CIA director John Brennan said Thursday that the CIA obtained valuable information from detainees who had been subjected to enhanced interrogation techniques (EITs), but the question of whether that information could have been obtained without brutal interrogation sessions was "unknowable."
"We have not concluded that it was the use of EITs within that program that allowed us to obtain useful information from detainees subjected to them. The cause-and-effect relationship between the use of EITs and useful information subsequently provided by the detainee, is, in my view, unknowable," Brennan said at a press conference.
He added that his view, however, is that "effective, non-coercive methods are available to elicit such information, methods that do not have a counterproductive impact on our national security and on our international standing. It is for these reasons that I fully support the president's decision to prohibit the use of EITs."
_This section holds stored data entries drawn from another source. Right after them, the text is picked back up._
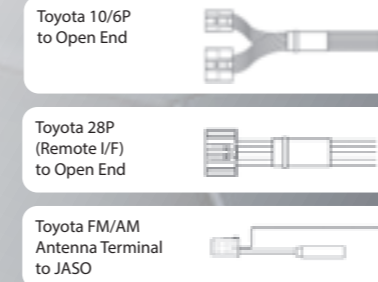

Playable Full HD Video Files

Video Codec	Playable up to	Audio Codec	Playable up to
MPEG4	1920 x 1080p	FLAC	192kHz / 24bit
H.264	1920 x 1080p	WAV	192kHz / 24bit
MKV	1920 x 1080p		
WMV	1920 x 1080p		

USB sources are available on rear monitor via video output.

Short Chassis Design

84mm

Hands Free Calling & Audio Streaming

Direct OEM Steering Remote Interface

See page 15.

13-Band Equalizer & Time Alignment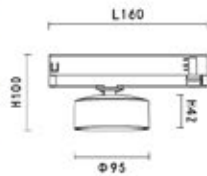

LAMP DETAILS

LED: 37V 500mA
LED wattage : 18.5W

PRODUCT DETAILS

230V~50/60Hz
Total wattage: 21W
Material : Aluminum

PRODUCT SIZE / WEIGHT

0.37Kg
H:100mm D:95mm

Body Color

-  Black
-  White
-  Gold
-  Copper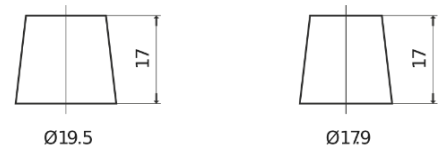

Terminal Type

The CIA director appeared in public and took questions on the CIA's enhanced interrogation methods for the first time since the Senate Intelligence Committee released its report earlier this week on the agency's actions in the wake of the Sept. 11 attacks. The report concluded that the CIA's methods were not only more brutal than believed, but also ineffective at gathering actionable information. The report also said that the CIA consistently misled Congress and the public about the program to keep it going.
As Brennan spoke, Senate Intelligence Committee Chairman Dianne Feinstein, D-California, or her staff took to Twitter to live-tweet rebuttals to different lines in Brennan's speech.
The CIA has denied many of the charges and issued its own lengthy rebuttal of some of the report's points Tuesday, a redacted version of its 2013 response to the Democrats' report.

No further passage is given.